> WHAT THE TASK ASKS
Starting with the line that has "Smokey Black)" in the records below and stopping after the line that has "Under Development/Construction", output every line exactly and nothing else; skip pictures.

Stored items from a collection
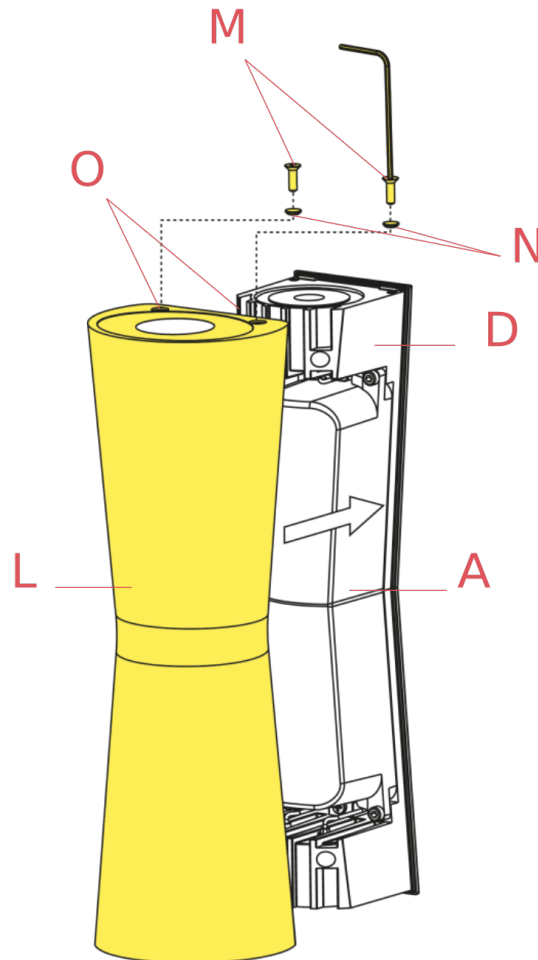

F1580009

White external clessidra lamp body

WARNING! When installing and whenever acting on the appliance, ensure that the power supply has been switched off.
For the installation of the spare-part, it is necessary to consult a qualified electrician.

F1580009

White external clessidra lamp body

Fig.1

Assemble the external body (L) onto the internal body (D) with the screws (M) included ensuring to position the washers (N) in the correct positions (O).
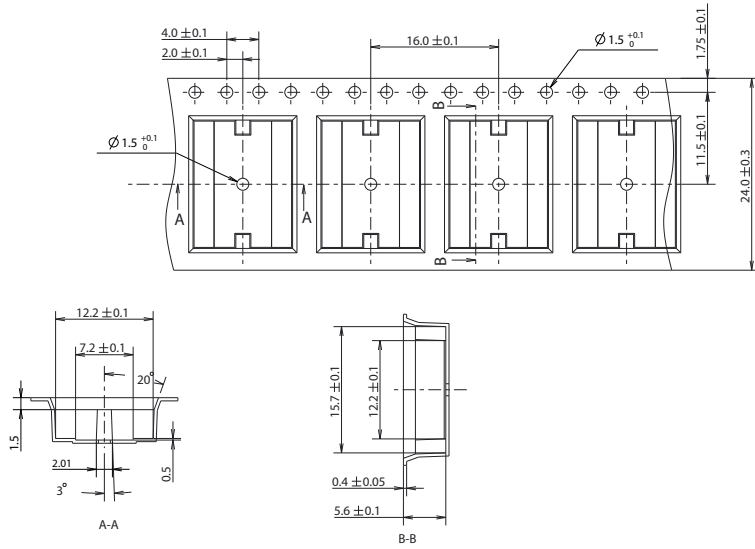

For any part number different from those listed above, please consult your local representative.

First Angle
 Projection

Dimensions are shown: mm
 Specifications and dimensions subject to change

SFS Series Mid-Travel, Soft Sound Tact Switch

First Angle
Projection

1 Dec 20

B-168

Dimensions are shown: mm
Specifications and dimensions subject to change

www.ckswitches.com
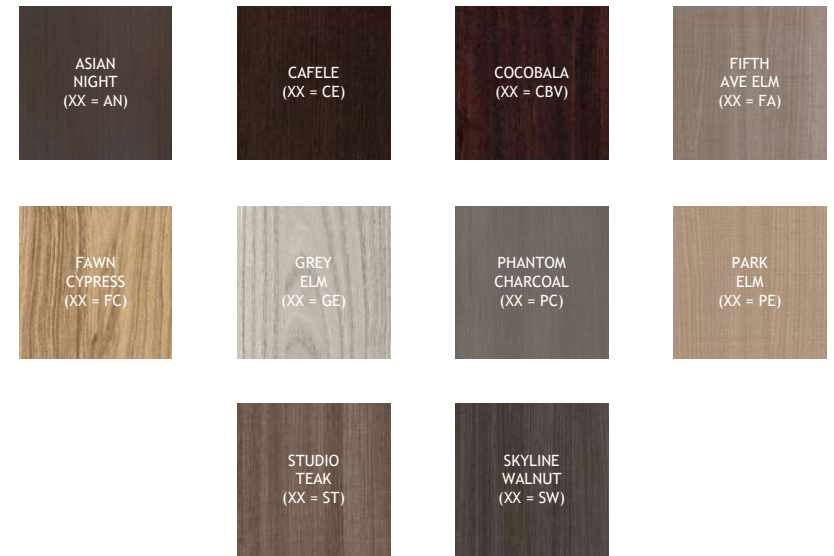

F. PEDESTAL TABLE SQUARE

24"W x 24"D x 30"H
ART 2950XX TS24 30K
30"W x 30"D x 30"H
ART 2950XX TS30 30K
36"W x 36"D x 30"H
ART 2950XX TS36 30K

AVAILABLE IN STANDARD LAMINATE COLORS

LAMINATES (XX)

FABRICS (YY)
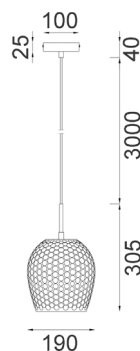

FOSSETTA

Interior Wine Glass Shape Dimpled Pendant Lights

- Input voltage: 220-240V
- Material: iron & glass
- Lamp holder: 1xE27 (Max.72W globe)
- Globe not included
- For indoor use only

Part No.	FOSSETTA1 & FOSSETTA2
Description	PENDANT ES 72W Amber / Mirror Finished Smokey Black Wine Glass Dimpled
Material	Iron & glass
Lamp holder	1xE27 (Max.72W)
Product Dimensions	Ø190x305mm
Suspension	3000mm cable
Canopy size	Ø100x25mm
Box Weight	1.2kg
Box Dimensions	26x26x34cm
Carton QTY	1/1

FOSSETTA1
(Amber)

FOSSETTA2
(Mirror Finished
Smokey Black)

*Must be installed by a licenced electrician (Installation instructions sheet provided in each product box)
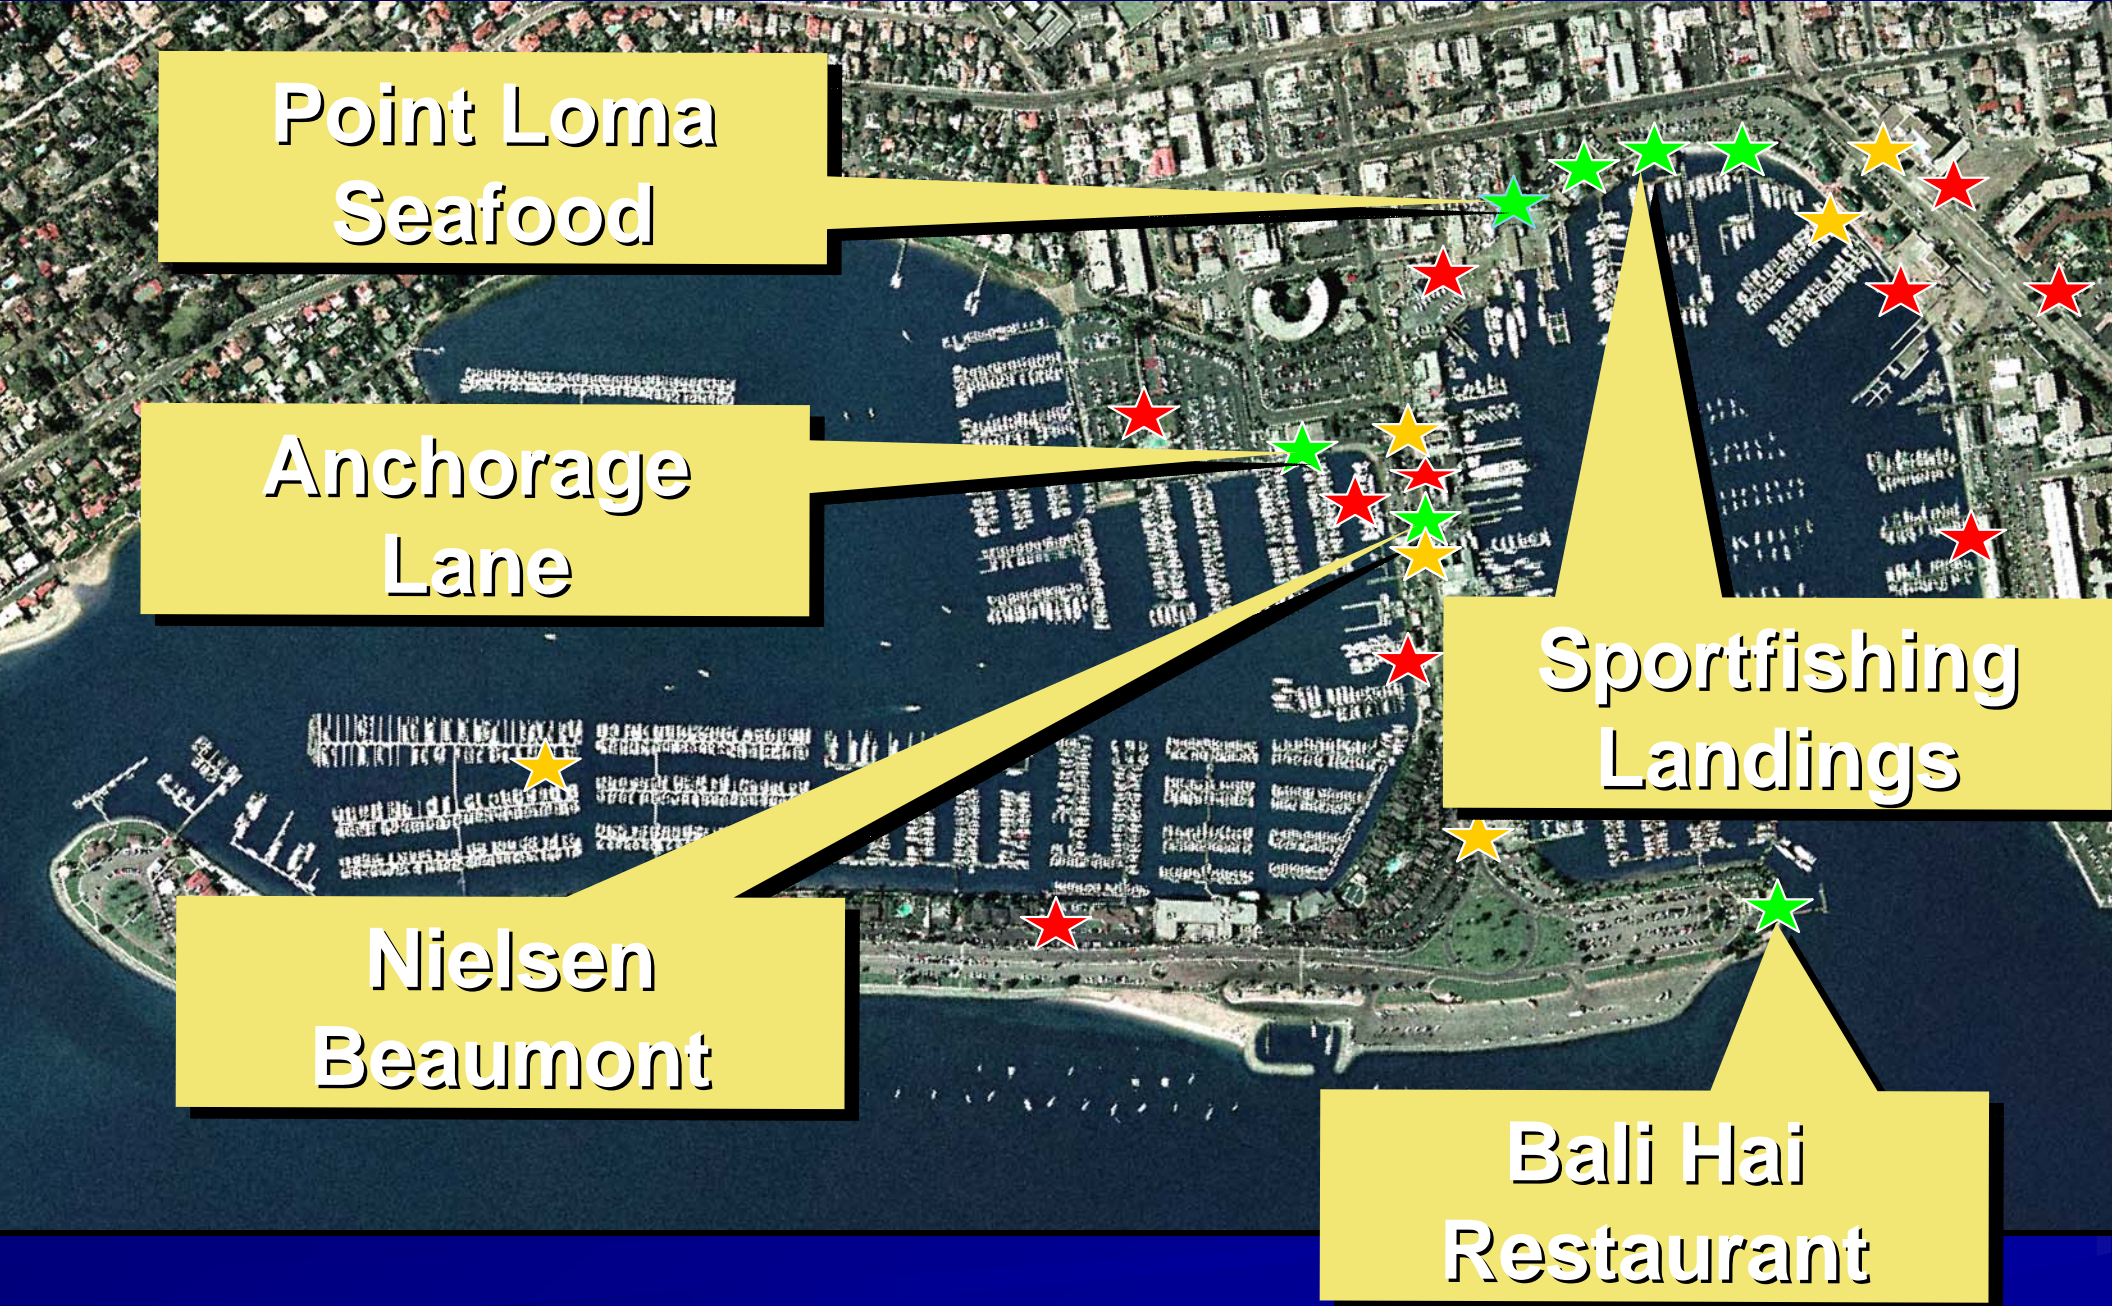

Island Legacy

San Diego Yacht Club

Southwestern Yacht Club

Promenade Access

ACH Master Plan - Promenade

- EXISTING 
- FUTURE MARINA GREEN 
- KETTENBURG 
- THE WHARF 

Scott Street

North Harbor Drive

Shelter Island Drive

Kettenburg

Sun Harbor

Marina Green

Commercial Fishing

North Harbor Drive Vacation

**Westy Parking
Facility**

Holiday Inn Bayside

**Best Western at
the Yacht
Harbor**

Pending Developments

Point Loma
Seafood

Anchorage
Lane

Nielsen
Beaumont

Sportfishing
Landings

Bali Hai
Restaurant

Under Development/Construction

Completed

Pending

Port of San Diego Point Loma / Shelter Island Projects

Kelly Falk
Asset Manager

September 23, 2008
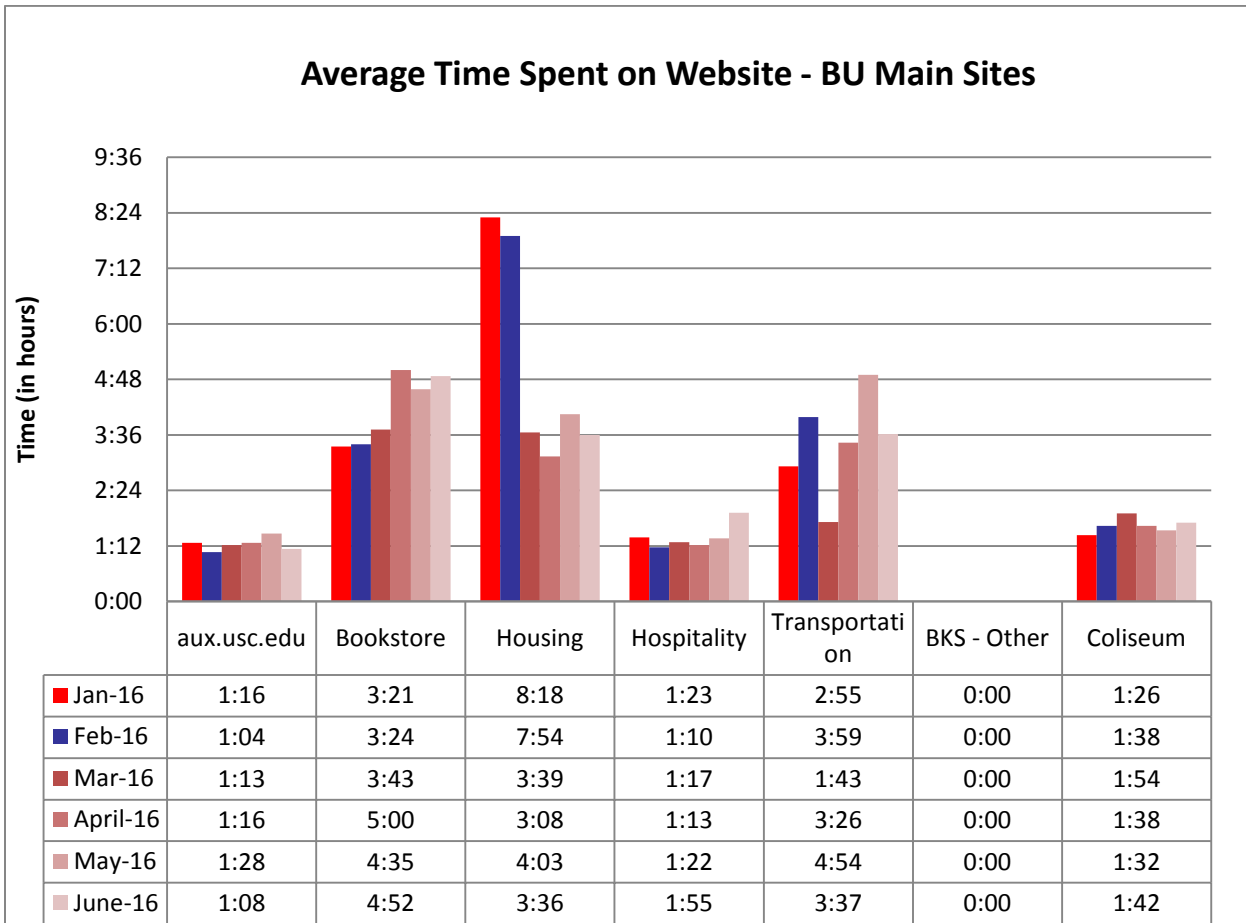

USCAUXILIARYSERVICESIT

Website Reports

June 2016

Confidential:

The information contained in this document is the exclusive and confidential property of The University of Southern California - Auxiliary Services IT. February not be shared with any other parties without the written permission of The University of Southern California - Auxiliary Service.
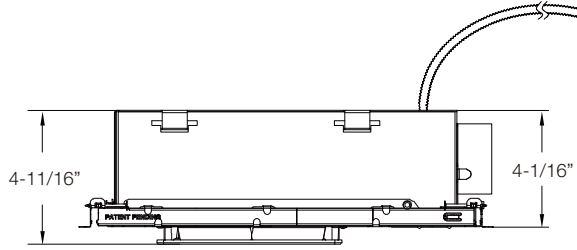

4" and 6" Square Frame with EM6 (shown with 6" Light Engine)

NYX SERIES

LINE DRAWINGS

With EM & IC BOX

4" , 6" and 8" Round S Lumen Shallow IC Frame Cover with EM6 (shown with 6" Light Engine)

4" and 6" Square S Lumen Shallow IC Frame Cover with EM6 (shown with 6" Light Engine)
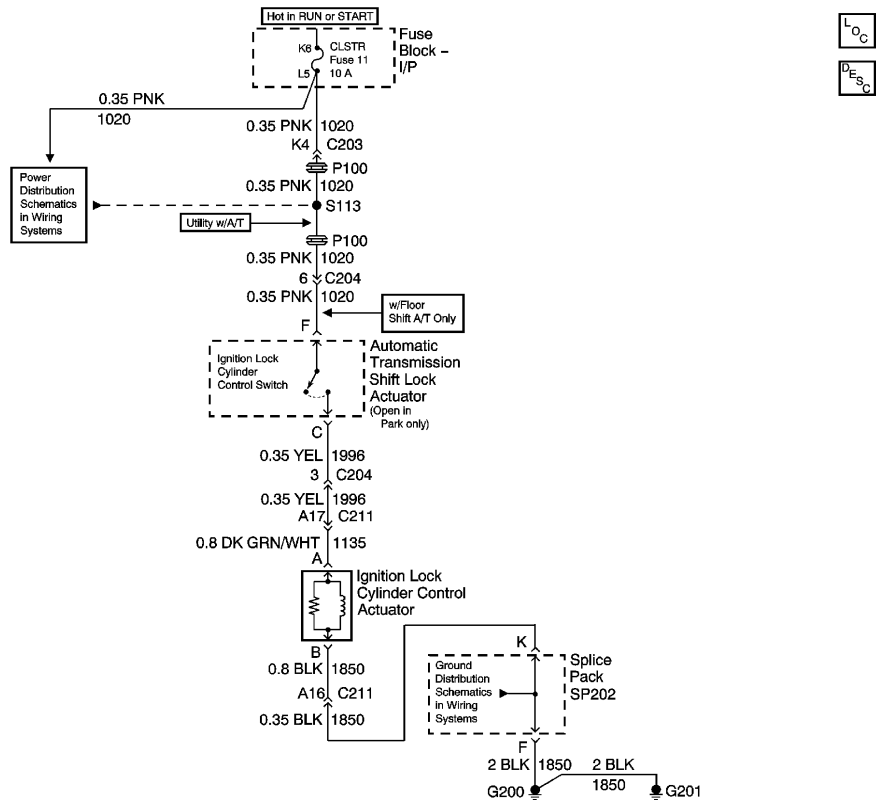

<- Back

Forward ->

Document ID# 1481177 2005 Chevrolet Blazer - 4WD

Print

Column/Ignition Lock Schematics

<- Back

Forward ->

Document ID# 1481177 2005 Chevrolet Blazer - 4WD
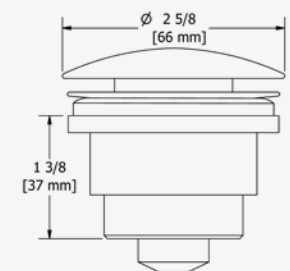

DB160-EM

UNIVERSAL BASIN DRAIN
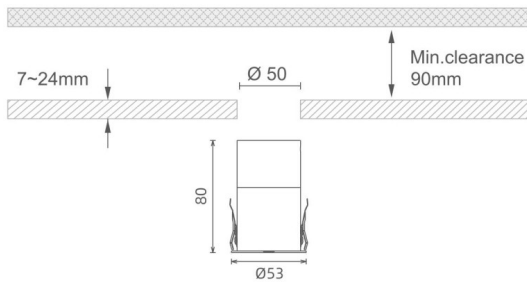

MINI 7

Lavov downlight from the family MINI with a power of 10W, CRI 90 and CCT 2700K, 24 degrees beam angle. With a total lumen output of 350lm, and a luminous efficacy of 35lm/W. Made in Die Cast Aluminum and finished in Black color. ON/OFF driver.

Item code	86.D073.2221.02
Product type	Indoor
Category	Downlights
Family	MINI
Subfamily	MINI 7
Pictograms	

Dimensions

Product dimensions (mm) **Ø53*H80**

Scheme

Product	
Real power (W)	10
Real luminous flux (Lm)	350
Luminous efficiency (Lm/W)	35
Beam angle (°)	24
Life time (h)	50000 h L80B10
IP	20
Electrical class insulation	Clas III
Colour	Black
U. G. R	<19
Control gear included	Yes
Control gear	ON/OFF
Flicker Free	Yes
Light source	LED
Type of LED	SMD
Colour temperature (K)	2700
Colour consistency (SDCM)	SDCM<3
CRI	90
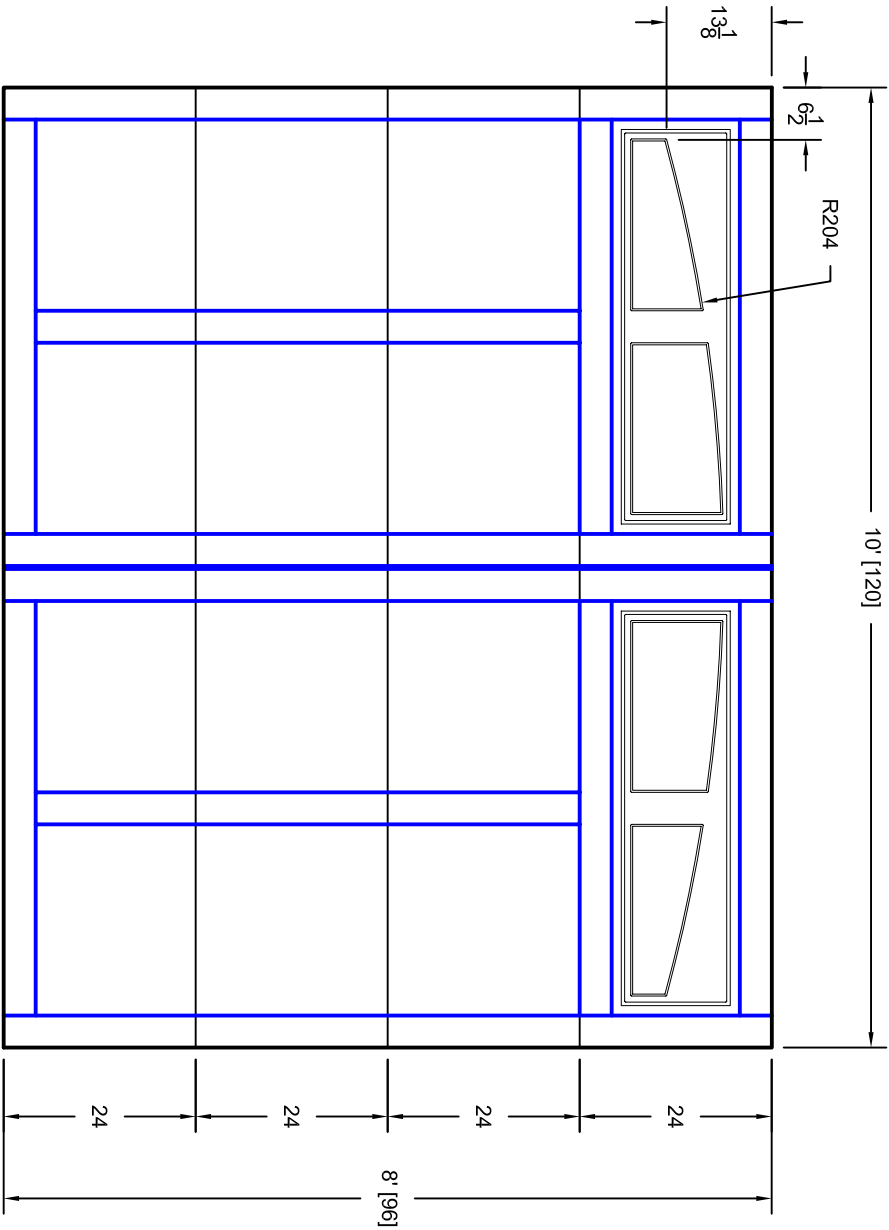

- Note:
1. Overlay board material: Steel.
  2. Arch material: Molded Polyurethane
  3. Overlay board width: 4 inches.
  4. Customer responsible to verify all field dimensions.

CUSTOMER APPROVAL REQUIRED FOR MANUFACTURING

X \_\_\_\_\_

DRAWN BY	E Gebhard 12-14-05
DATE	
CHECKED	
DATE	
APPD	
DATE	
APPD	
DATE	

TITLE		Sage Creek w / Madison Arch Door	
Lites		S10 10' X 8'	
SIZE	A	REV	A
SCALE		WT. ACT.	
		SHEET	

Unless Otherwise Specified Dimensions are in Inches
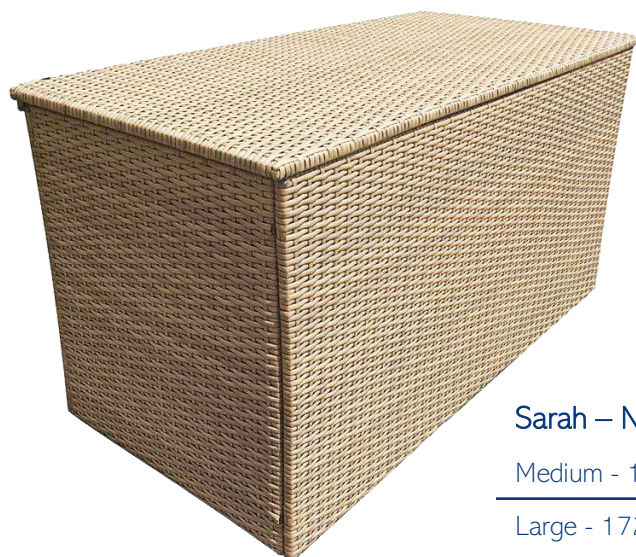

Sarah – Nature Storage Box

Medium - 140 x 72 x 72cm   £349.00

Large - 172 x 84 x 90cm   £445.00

> SOLUTION BELOW
Smokey Black)

*Must be installed by a licenced electrician (Installation instructions sheet provided in each product box)

Island Legacy

San Diego Yacht Club

Southwestern Yacht Club

Promenade Access

ACH Master Plan - Promenade

- EXISTING 
- FUTURE MARINA GREEN 
- KETTENBURG 
- THE WHARF 

Scott Street

North Harbor Drive

Shelter Island Drive

Kettenburg

Sun Harbor

Marina Green

Commercial Fishing

North Harbor Drive Vacation

**Westy Parking
Facility**

Holiday Inn Bayside

**Best Western at
the Yacht
Harbor**

Pending Developments

Point Loma
Seafood

Anchorage
Lane

Nielsen
Beaumont

Sportfishing
Landings

Bali Hai
Restaurant

Under Development/Construction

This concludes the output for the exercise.